In line with its obligations under PAD, the European Banking Authority (EBA) has developed in parallel, and on 22 September 2016 launched a consultation in respect of, the following draft technical standards:
- draft Regulatory Technical Standards setting out the Union standardised terminology for those services that are common to at least a majority of member states;
- draft Implementing Technical Standards on the standardised presentation format of the fee information document (FID) and its common symbol; and
- draft Implementing Technical Standards on the standardised presentation format of the statement of fees (SoF) and its common symbol.
What this means for you
The EBA invites comments on all the proposals set out in the consultation paper. The EBA is planning to hold a public hearing on 21 November 2016 and the consultation period ends on 22 December 2016.
Following the adoption of the draft regulatory technical standards by the European Commission, payment service providers will be required to use the proposed standardised terminology in the two disclosure documents to be issued to consumers namely:
- the FID which must be provided to consumers in good time before entering into a contract for a payment account; and
- the SoF which must be provided to consumers free of charge at least annually after entering into a contract for a payment account.

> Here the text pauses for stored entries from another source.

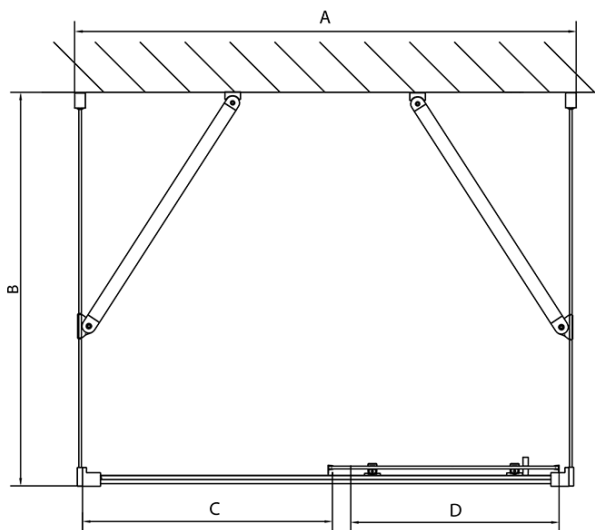

## Rozměry

Šířka: 1100 mm  
Výška: 1900 mm  
Hloubka: 900 mm

## Parametry

Barva profilu: Chrom - Leštěný hliník  
Tvar: Třístěnné  
Typ otevírání: Posuvné  
Směr otevírání: Univerzální  
Šířka vstupu: 430 mm  
Typ výplně: Brick sklo  
Tloušťka skla: 6 mm  
Vlastnosti: Rámové provedení  
Hmotnost / ks: 91.5 kg  
Balení: 5 ks  
Záruka: 2 roky

**EASY třístěnný sprchový kout 1100x900mm, L/P  
varianta, sklo Brick**

**Technický list**

	B
EL3138	680-700
EL3238	780-800
EL3338	880-900
EL3438	980-1000

	A	C	D
EL1138	1090-1130	500	430
EL1238	1190-1230	530	480
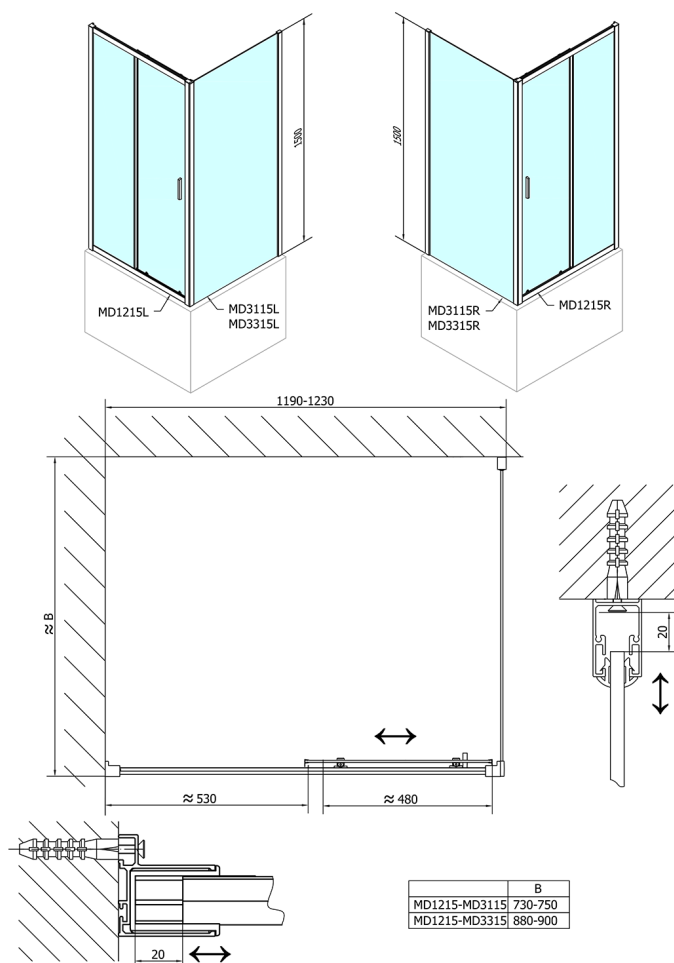

## DEEP sprchová bočná stena 900 x 1500 mm, číre sklo

Objednací kód: MD3315

### Rozměry

Výška: 1500 mm

Hĺbka: 900 mm

## Technický list

MD3315L

MD3315R

	B
MD1015-MD3115	730-750
MD1015-MD3315	880-900

	B
MD1415-MD3115	730-750
MD1415-MD3315	880-900
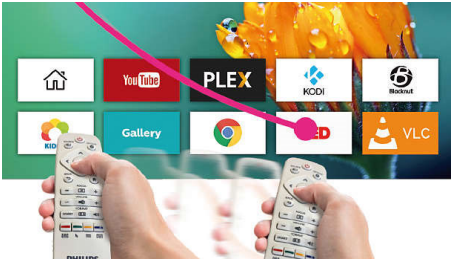

Heimkino-Projektor
Full HD-Auflösung Bis zu 160" (400 cm), LED, DLP

Besonderheiten

AirMote

Navigieren Sie ganz einfach dank intuitiver AirMote-Steuerung, indem Sie auf Optionen zeigen oder Gesten verwenden, um Inhalte zur Wiedergabe auszuwählen.

The FID must contain the standardised terms in the final list of the most representative services linked to a payment account and, where such services are offered by a payment service provider, the corresponding fees for each service. The purpose of the FID is to enable consumers to compare easily the offerings of different providers and to choose the option that best reflects their needs and uses of the accounts.
The SoF will provide the consumer with a statement of all fees incurred in order to provide the consumer with a general overview of all fees paid during the year to assist consumers in understanding what the fees relate to and to assess whether they should change their consumption patterns or move to another provider.
EBA launches consultation on draft guidelines on the criteria for minimum amount of professional indemnity insurance under PSD2
The revised Payment Service Directive (PSD2) includes a requirement for providers of payment initiation services and account information services to hold professional indemnity insurance (PII) or a comparable guarantee against specified liabilities as a condition for their authorisation or registration.
In line with its obligations under PSD2, on 22 September 2016, the European Banking Authority (EBA) issued a consultation on its draft guidelines on the criteria which competent authorities should consider when stipulating the minimum monetary amount of PII or comparable guarantee to be held by such providers.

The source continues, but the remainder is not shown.